Não só de submissão, mas também de promessas se constitui a mensagem divina: “E o Anjo disse também: ‘Eu farei que o número dos seus descendentes seja grande; eles serão tantos, que ninguém poderá contá-los. Você está grávida, e terá um filho, e porá nele o nome de Ismael, pois Deus escutou o seu grito de aflição. Esse filho será como um jumento selvagem; ele lutará contra todos, e todos lutarão contra ele. E ele viverá longe de todos os seus parentes’” (vv. 10-12).  O menino será Ismael (Isma’el – “Deus ouve”). Agar terá um filho e seu nome não deixará que ela esqueça que Deus a ouviu.

 

A história segue: “Então Agar deu ao Eterno este nome: ‘O Deus que Vê’. Isso porque ele havia falado com ela, e ela havia perguntado a si mesma: ‘Será verdade que eu vi Aquele que Me Vê?’. É por isso que esse poço, que fica entre Cades e Berede, é chamado de ‘O Poço Daquele que Vive e Me Vê’ (vv.13-14). Agar não conhecia a Deus como Yahweh, mas chamou-o de El-Rói (“Deus de visão”). E o poço onde ela se encontrou com El-Rói, ela chamou de Laaí-Roí¸”Vivente que me vê”. Há momentos em que parece que o nome adequado para Deus será El Lô-Roí (“Deus da não visão”), mas ele vê. Ele é El-Roí.

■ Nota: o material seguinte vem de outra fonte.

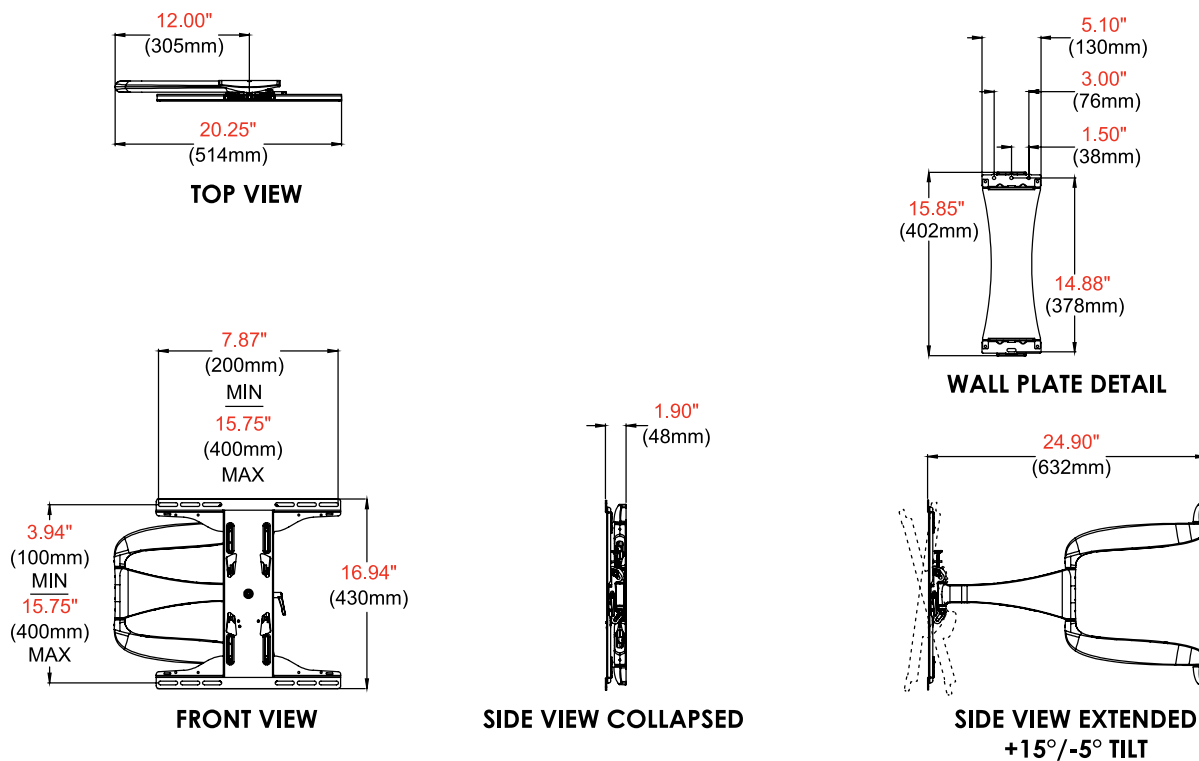

SUA747PU DesignerSeries™ Universal Ultra Slim Articulating Wall Mount for 32" to 50" Ultra-Thin Displays

Product Specifications

	DIMENSIONS (W x H x D)	PRODUCT WEIGHT	LOAD CAPACITY	FINISH	AVAILABLE COLORS
SUA747PU	20.25" x 16.94" x 1.85"-24.85" (514 x 430 x 47-631mm)	12.37lb (5.61kg)	60lb (27kg)	Scratch Resistant Fused Epoxy	Gloss Black

Package Specifications

	PACKAGE SIZE (W x H x D)	PACKAGE SHIP WEIGHT	PACKAGE UPC CODE	PACKAGE CONTENTS	UNITS IN PACKAGE
SUA747PU	21.25" x 3.25" x 19.50" (540 x 86 x 495mm)	16.75lb (7.60kg)	735029306382	Wall Mount, Wall and Display Installation Hardware, Installation Instructions	1

Accessories

- ACC925: Security Fasteners
- ACC-UCM: Universal AV Component Mount
- ESHV models: AV Wall Shelves
- IBA2(-W), IBA2AC(-W), IBA3(-W), IBA3AC(-W): Recessed Cable Management and Power Storage Accessory Box
- IBA4-W: Easy Mount Recessed Low Voltage Cable Plate
- IBA5-W: Recessed Low Voltage Media Plate with Duplex Surge Suppressor
- WSP756: Metal Stud Wall Plate

All dimensions = inch (mm)

Architect Specifications

The DesignerSeries™ Universal Ultra Slim Articulating Wall Mount shall be a Peerless-AV model SUA747PU and shall be located where indicated on the plans. Assembly and installation shall be done according to instructions provided by the manufacturer.

Visit peerless-av.com to see the complete line of AV solutions from Peerless-AV, including outdoor displays, kiosks, display mounts, projector mounts, carts/stands, and a full assortment of accessories.

Peerless-AV
2300 White Oak Circle
Aurora, IL 60502
USA
(800) 865-2112
(630) 375-5100

Peerless-AV EMEA
Unit 2 Curo Park
Frogmore, St. Albans
Hertfordshire, AL2 2DD
United Kingdom
+44 (0) 1923 200 100

Peerless-AV B.V.
Papendorpseweg 75
3528 BJ Utrecht
The Netherlands
+31 (0) 70 770 8037

Peerless-AV Latin America
Av. de las Industrias 413
Parque Industrial Escobedo
General Escobedo, N.L.,
México, 66062
+52 (81) 8384-8300

Ismael também recebe promessa: será o pai dos “árabes do deserto, independentes e errantes como o asno (Jó 39.5-8)”. Não será como a mãe, mas será forte, guerreiro e independente.

 

Por vezes, a vida faz de alguns de nós pessoas como Agar. Usadas, abusadas, maltratadas, coisificadas. Tais pessoas podem se perguntar, em sua dor, se Deus não vê o que elas sofrem. A experiência de Agar mostra que o Vivente vê. Se você está se sentindo como Agar, usado, abusado e maltratado, o Vivente está vendo. Pode parecer que não. Tanto parecia que não que Agar preferiu se aventurar pelo deserto. Mas Deus vê a dor que lhe infligiram. É que a história ainda não terminou. O Anjo do Senhor disse a Agar: “Deus escutou o seu grito de aflição” (v. 11b). Ele ainda vai aparecer em sua vida e ainda fará grandes coisas por você. Seu grito será ouvido.

 

Por isso, usados, abusados e descartados, não esmoreçam! Gritem! Deus ouvirá seu grito de aflição.  A solução apresentada talvez não lhes agrade. Não parece que Agar esperasse um conselho da natureza que ouviu, de voltar para sofrer mais. Mas era passageiro. A história ainda continuaria. Sua história ainda vai continuar.

 

E a história de Agar e Ismael continuou: mais tarde o filho de Sarai, Isaque, irá morar junto daquele poço (Gn 24.62). O nome não fora dado por sua mãe nem por seu pai, mas pela mãe do meio-irmão rejeitado. A lembrança de Agar ficou para sempre. Sarai e seus descendentes não podiam deixar de saber que Deus ouviu Agar, cuidou dela e de seu filho. Isaque saberia que aquele poço tinha aquele nome porque uma pessoa que sua mãe maltratou foi alcançada ali pelo Vivente que vê.

 

Usado e abusado, Deus ouvirá você. E os demais saberão que ele lhe ouviu. Não esmoreça!